> [THE PROBLEM]
Every line below that has "Marin" in it should be copied.

> [EXTRACTED DATA]
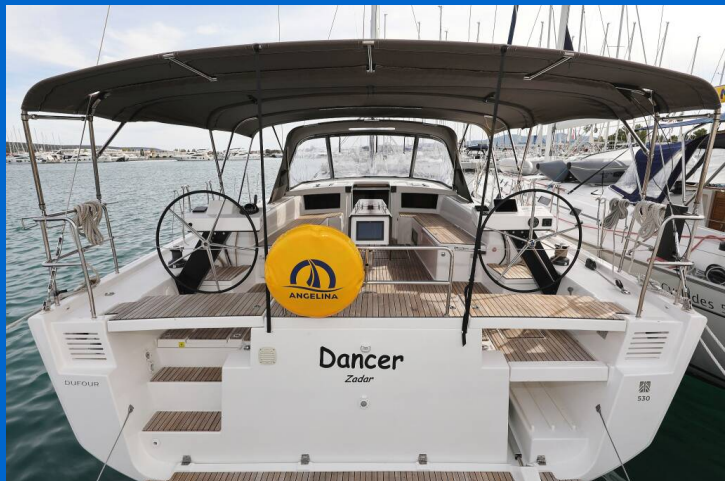

# DUFOUR 530

Dancer (2022)

Plachetnice Dufour 530 Dancer, rok spuštění na vodu 2022 kotví v marině **Sukosan, D-Marin Dalmacija Marina, Zadarský region (Chorvatsko), Chorvatsko**. Počet kajut: **5**, může ubytovat celkem: **10 + 2** a má toalet: **4**. Povlečení a kuchyňské vybavení jsou zahrnuty v ceně.

## YACHT SPECIFICATIONS

Marína <b>Sukosan, D-Marin Dalmacija Marina, Chorvatsko</b>	Jachta ID <b>3913</b>	Značky <b>Dufour</b>
Název jachty <b>Dancer</b>	Rok výroby <b>2022</b>	Délka <b>54 ft</b>
Kabiny <b>5</b>	Lůžka <b>10 + 2</b>	Maximální počet osob <b>12</b>
WC <b>4</b>	Motor <b>1 x 75 HP</b>	Palivová nádrž <b>440 l</b>

> [TASK OUTPUT]
Plachetnice Dufour 530 Dancer, rok spuštění na vodu 2022 kotví v marině **Sukosan, D-Marin Dalmacija Marina, Zadarský region (Chorvatsko), Chorvatsko**. Počet kajut: **5**, může ubytovat celkem: **10 + 2** a má toalet: **4**. Povlečení a kuchyňské vybavení jsou zahrnuty v ceně.
Marína <b>Sukosan, D-Marin Dalmacija Marina, Chorvatsko</b>	Jachta ID <b>3913</b>	Značky <b>Dufour</b>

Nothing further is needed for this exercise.